- Episode no.: Season 3 Episode 3
- Directed by: Tom Cherones
- Written by: Larry David
- Production code: 305
- Original air date: October 2, 1991

Guest appearances
- Barney Martin as Morty Seinfeld; Liz Sheridan as Helen Seinfeld; Sandy Baron as Jack Klompus; Ann Morgan Guilbert as Evelyn; Len Lesser as Uncle Leo; Annie Korzen as Doris Klompus; Magda Harout as Aunt Stella; Roger Nolan as Chiropractor; Tucker Smallwood as Photographer;

Episode chronology
| ← Previous "The Truth" | Next → "The Dog" |
- Seinfeld season 3

= The Pen =

"The Pen" is the 20th episode of Seinfeld, the third episode of the third season which first aired on NBC on October 2, 1991.

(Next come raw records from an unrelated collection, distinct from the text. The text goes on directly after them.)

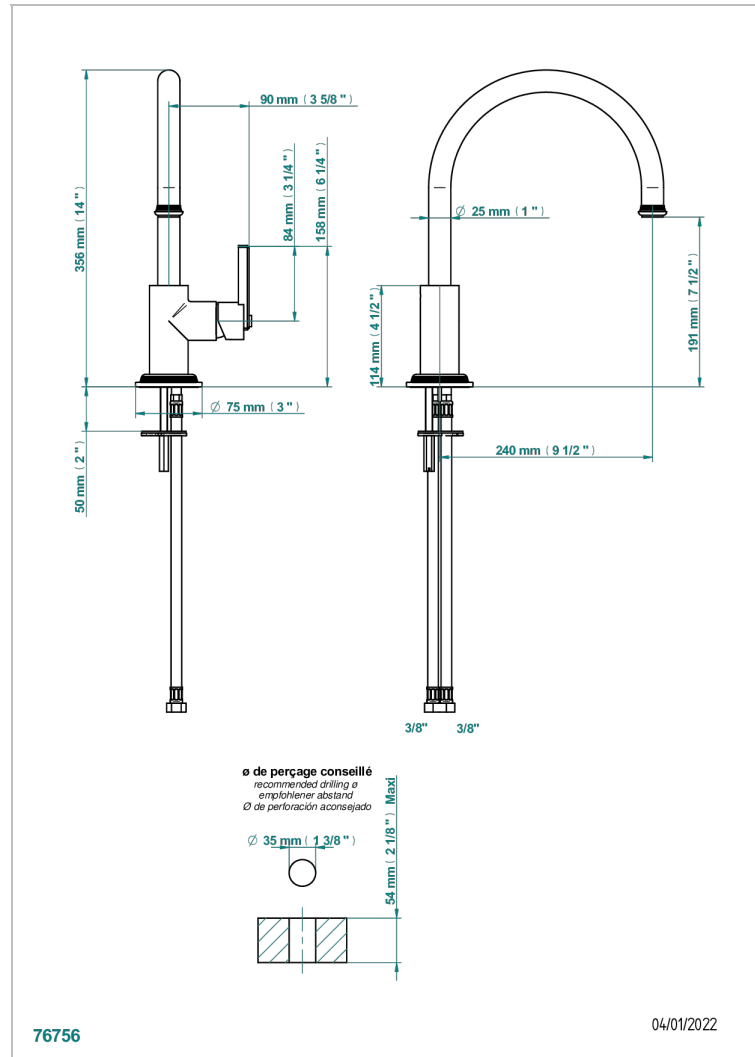

WEST COAST WITH GUILLOCHE DECOR

U9C-6181N

Single lever sink mixer with swivel spout

THG[®]
PARIS

CHARACTERISTIC

- West coast with Guilloché decor
- Single lever sink mixer with swivel spout

AVAILABLE FINITIONS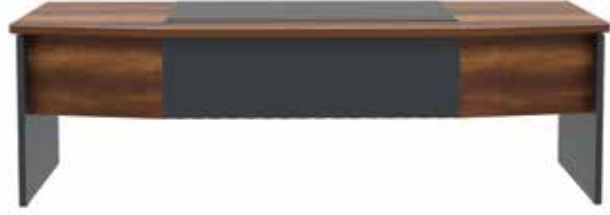

VOLUME

MAKAM SERİSİ
EXECUTIVE SERIES

Volume Masa
Volume Table
220-240x90x75 cm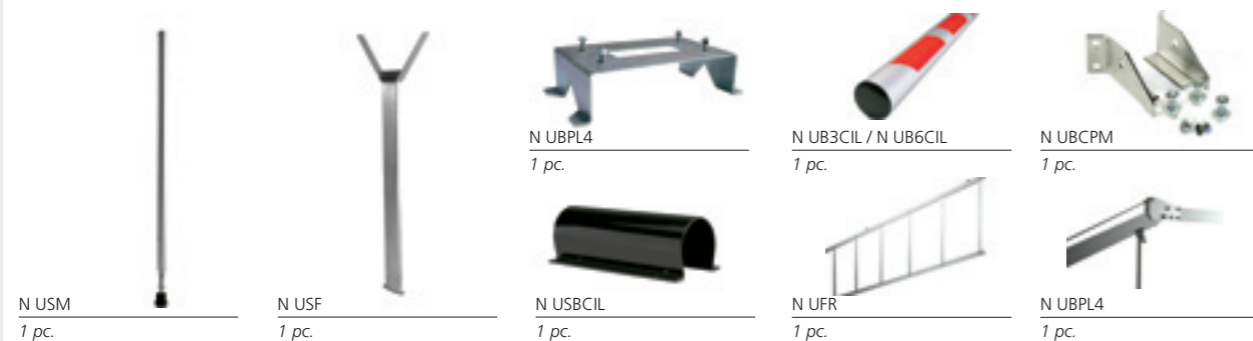

ELECTROMECHANICAL TRAFFIC BARRIERS

MULTI

230Vac

- Barriers for vehicle access and control.
- Very easy to install.
- Ideal for car parks, shopping centres, hospitals, official buildings, industrial pavilions, ...
- Left hand and Right hand easily interchangeable.
- Quiet in operation

DIMENSIONS

BARRIERS RANGE MULTI

BARRIERS RANGE

KUBAR3	Electrom. 3 meters barrier in 230Vac, with built-in control board + base plate	1222,72 €
KUBAR6	Electrom. 6 meters barrier in 230Vac, with built-in control board + base plate	1266,90 €
KUBAR8	Electrom. 8 meters barrier in 230Vac, with built-in control board + base plate	2020,91 €
KUBAR6P	Electrom. 4 meters folding barrier in 230Vac, with built-in control board + base plate	1266,90 €

* Note: Applying any extra weight to the arm may shorten the duration and the operation of the barrier

CONTROL PANELS RANGE

AEP10TOP	Universal Control panel for 1 operator in 230Vac	170,24 €
EP1-008	Universal basic control panel for 1 operator in 230Vac.	137,67 €

ACCESORIOS

N UB3	Rectangular 3 meters boom	71,33 €
N UB6	Rectangular 6 meters boom	129,85 €
N UB8	Rectangular 8 meters boom	431,95 €
N UBPL4	Folding 4 meters (2,5+1,5) boom	669,29 €
NUADH	Red adhesive reflective strips	1,28 €
N USF	Fork stand for boom	57,78 €
N USM	Mobile stand for boom	52,80 €
N UB3CIL	Tubular 3 meters boom	76,39 €
N UB6CIL	Tubular 6 meters boom	187,53 €
N USBCIL	Support for tubular boom	58,68 €
N UPBCPM	Joining fitting for tubular boom with mobile stand	17,48 €
NUFR4	4m aluminium folding skirt for KUBAR 6 (Boom lenght max. 4,5m)	341,84 €
NUFR5	5m aluminium folding skirt for KUBAR 8 (Boom lenght max. 6,5m)	462,89 €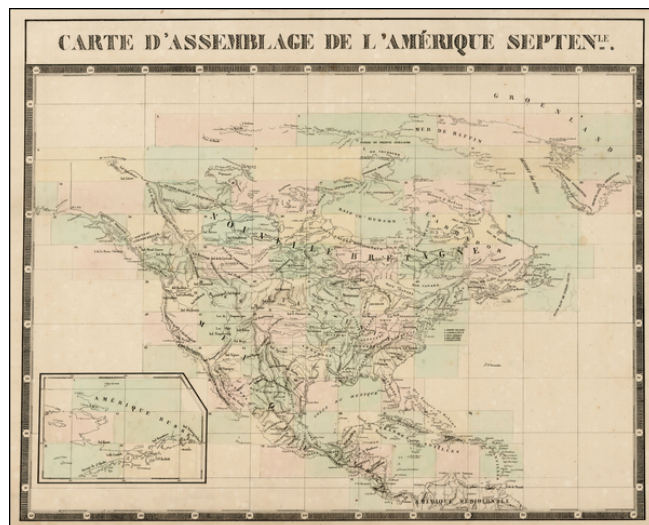

## Carte D'Assemblage De L'Amérique Septentrionale

**Stock#:** 31844  
**Map Maker:** Vandermaelen  
**Date:** 1827  
**Place:** Brussels  
**Color:** Hand Colored  
**Condition:** VG  
**Size:** 24 x 19 inches  
**Price:** \$145.00

### Description:

A nice example of Vandermaelen's Key Sheet to his map of North America, published in 76 Sheets, probably the grandest North American Wall map of the 19th Century.

From Vandermaelen's remarkable 6 volume atlas, which if combined as globe gores forms an immense globe. Vandermaelen accomplished the first atlas mapping of the world on a uniform scale. His treatment of the Western US is a landmark in the history the cartography of the Transmississippi West, undertaking to map in 20 sheets a region which American publishers were virtually ignoring.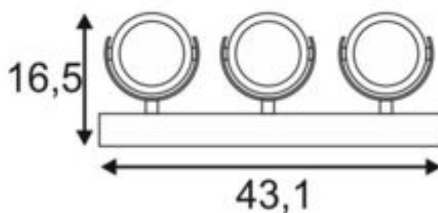

KALU wall and ceiling light

triple-headed, LED, 3000K, white/black, 30W

Article number	147621
Number of light sources	3
Max. wattage	30 Watt
Lamp	COB LED module
Light distribution type 1	Direct
Light distribution type 3	rotationally symmetric
Product family	Kalu LED
Feed-in capability	No
Lamp included	No
Width	43.1 cm
Height	8.8 cm
Depth	16.5 cm
Net weight	2.308 kg
Gross weight	2.681 kg
Voltage	220-240 ~50/60 Volts
Protection class	I
Beam angle	14 Degree
Material	Aluminium
Colour	black/white
Way of mounting	Surface wall / Surface ceiling mounting
Average lifespan	40000 Hours
Colour temperature	3000 Kelvin
Colour rendering index	80
Luminous flux	1980 lm
Energy efficiency class	A++
fastCalcEnabled	Yes
ranking	400
Catalogue page	BIG WHITE 2017: 295

As one would expect, the LED extension of the popular KALU series guarantees the utterly free adjustment of lamp heads. Fitted with dimmable, high output LEDs, the KALU series has just become even more efficient and versatile! Available in matt black or black and white, KALU LED wall and ceiling light is supplied ready for direct connection to 230V mains supply.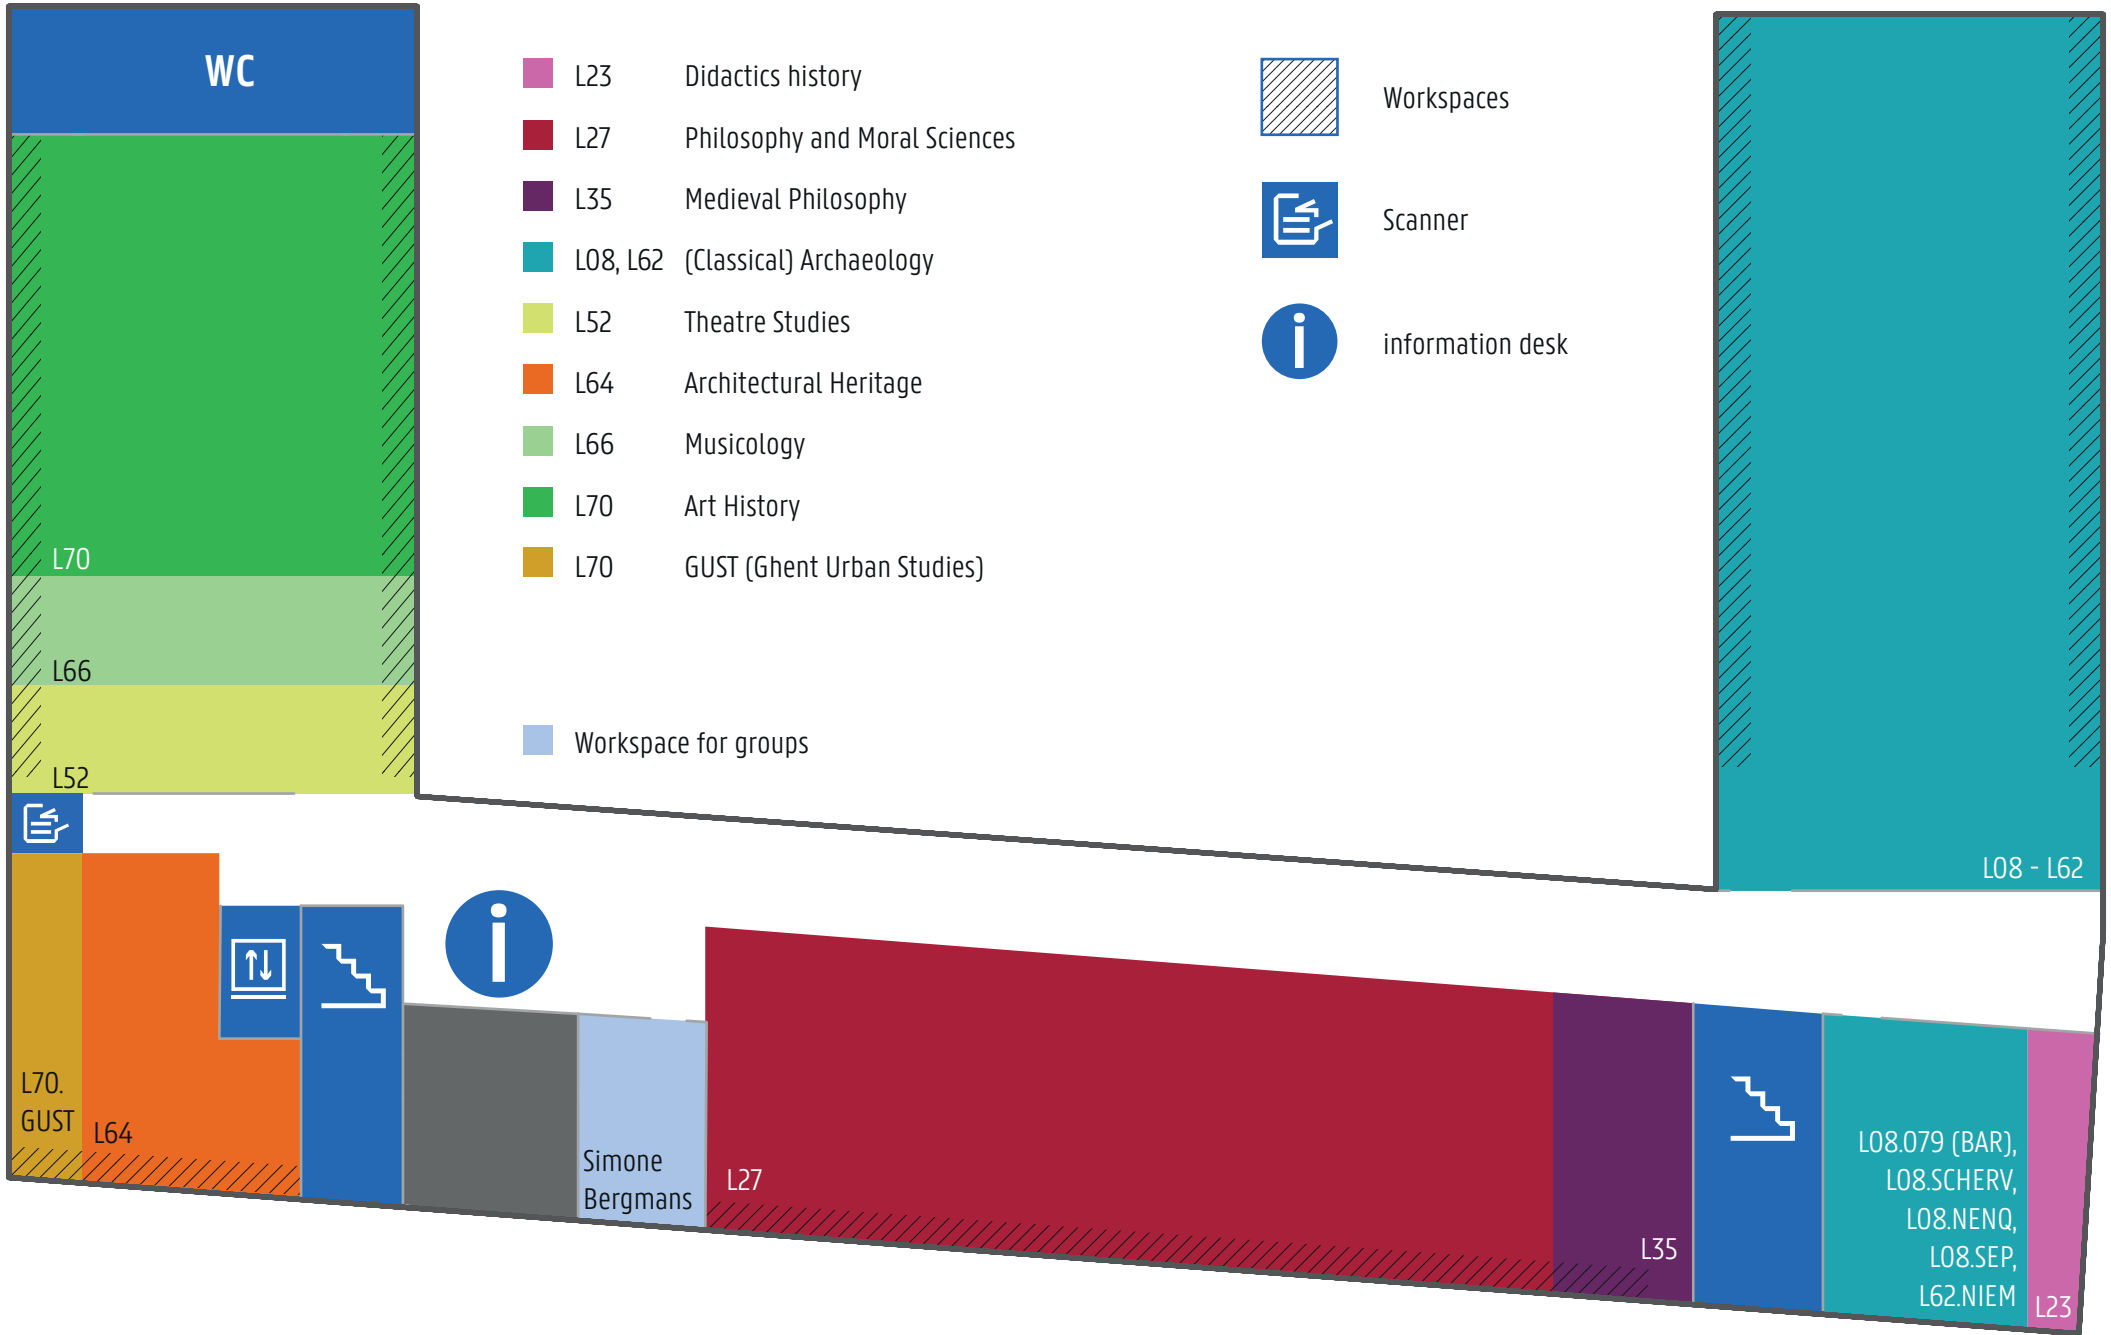

FACULTY LIBRARY OF ARTS AND PHILOSOPHY

LOVELING WING - GROUND FLOOR

Course reserves & acquisitions

Journals

Workspace for groups

Loan desk

Workplaces

Computers

Lockers

FACULTY LIBRARY OF ARTS AND PHILOSOPHY

LOVELING WING - 1st FLOOR

FACULTY LIBRARY OF ARTS AND PHILOSOPHY

LOVELING WING - 2nd FLOOR

FACULTY LIBRARY OF ARTS AND PHILOSOPHY MAGNEL WING - GROUND FLOOR

FACULTY LIBRARY OF ARTS AND PHILOSOPHY
MAGNEL WING - 2nd FLOOR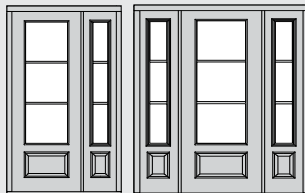

- Door Straps
- Clavos

**4 Lite Horizontal 8'0"**

**4 Lite 8'0"**

**6 Lite 8'0"**

**9 Lite Marginal 8'0"**

**Note:** Impact option not available for Pro Cherry door. Handlesets shown here are not available for Impact requirements (see page 2).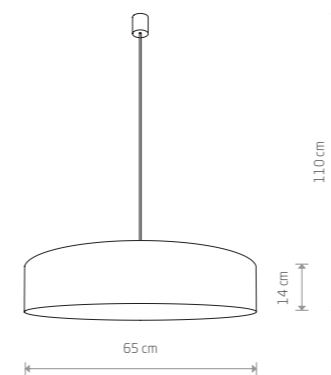

TURDA
fabric, plastic, painted steel

8950
3x E27, max 25W only LED

8955
4x E27, max 25W only LED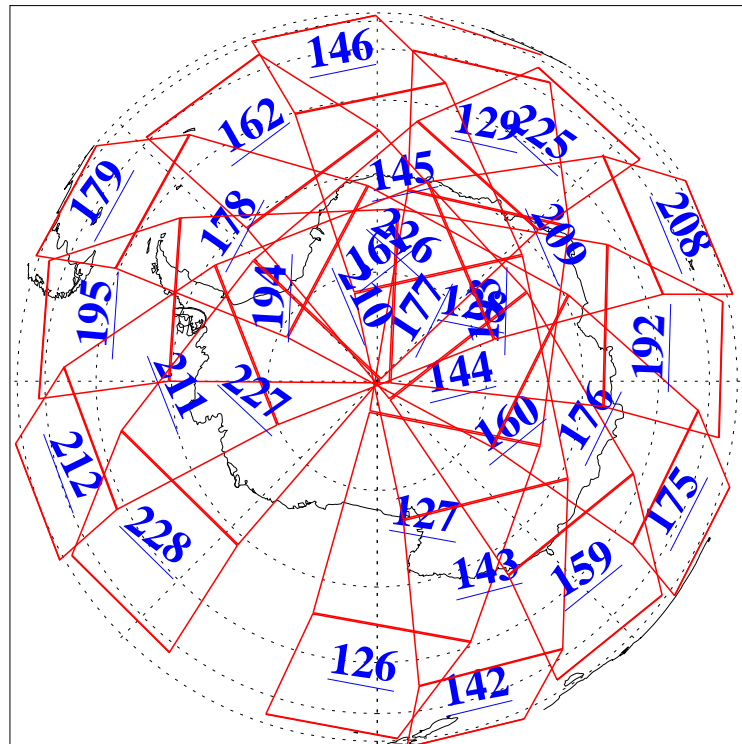

L1B Availability
AMSU Granules: 239
HSB Granules: 0
AIRS Granules: 240

23 Nov 2021
DoY 327
Aqua Day 7143
Granules: 1 to 120

Granules: 121 to 240

Legend: AMSU Available, *HSB Available*, *AIRS Available*

L1B Availability
AMSU Granules: 239
HSB Granules: 0
AIRS Granules: 240

23 Nov 2021
DoY 327
Aqua Day 7143

Ascending Granules

Descending Granules

Legend: AMSU Available, HSB Available, AIRS Available

L1B Availability
 AMSU Granules: 239
 HSB Granules: 0
 AIRS Granules: 240

23 Nov 2021
 DoY 327
 Aqua Day 7143

Northern Hemisphere Granules

Southern Hemisphere Granules

Legend: AMSU Available, HSB Available, AIRS Available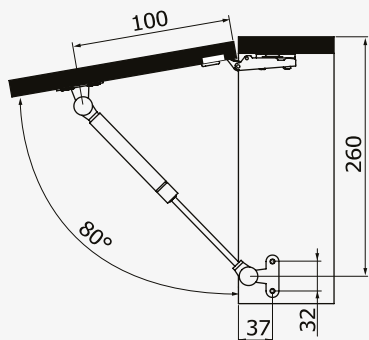

*Available for wooden and aluminum doors

CAUTION !

- Use of any oil or similar substances can damage the spring.
- Installation of two springs per one door is advised.

*To install the aluminum door the following parts should be ordered.

Outside Door

Code:
1240285

Inside Door

Code:
1240286

- Mounting measurement for rounded connecting element.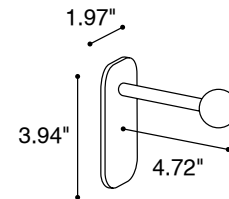

D9043.US
Hook
Black

Job Name/Date:

Fixture Type Designation: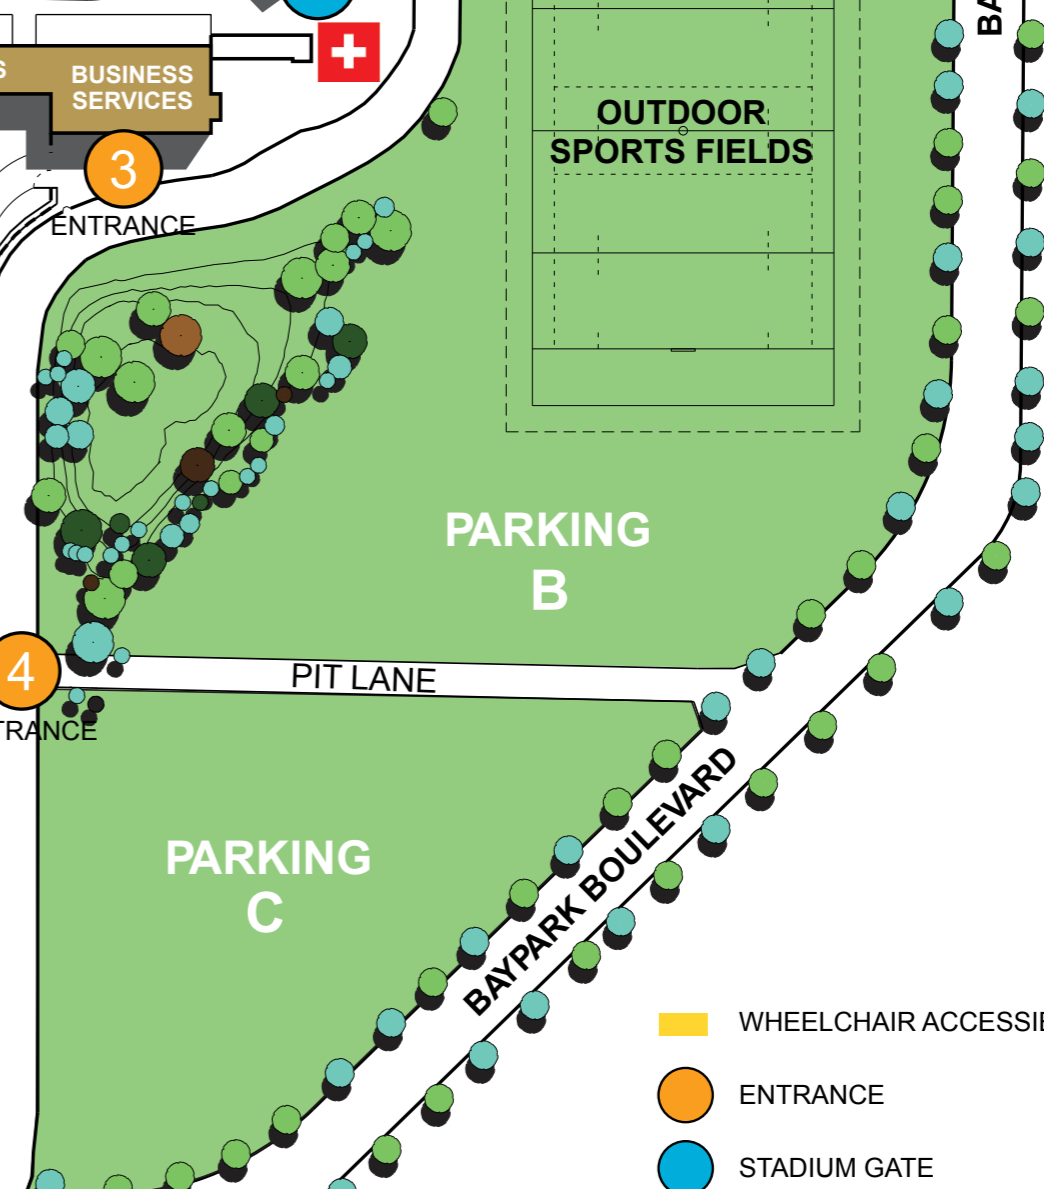

← MT MAUNGANUI AND TAURANGA PAPAMOIA, TE PUKE, ROTORUA AND WHAKATANE →

MAIN ENTRY
81 TRUMAN LANE

MAUNGATAPU, HAMILTON AND AUCKLAND
STATE HIGHWAY 29

- WHEELCHAIR ACCESSIBLE PARKING
- ENTRANCE
- STADIUM GATE
- FIRST AID

This is the only episode in which the character of George Costanza does not appear and one of two episodes in which Kramer does not appear (the other being "The Chinese Restaurant"). Additionally, this episode is the first appearance of Morty's rival Jack Klompus and of Uncle Leo's wife (and Jerry's aunt) Stella.

==Plot==
Jerry and Elaine visit Jerry's parents Morty and Helen in Florida, where they will attend a ceremony honoring Morty as outgoing condo association president of the Seinfelds' retirement community, and go scuba diving. Jerry fends off his parents' insistence on yielding their car and bedroom to them, while covertly explaining why he and Elaine broke up.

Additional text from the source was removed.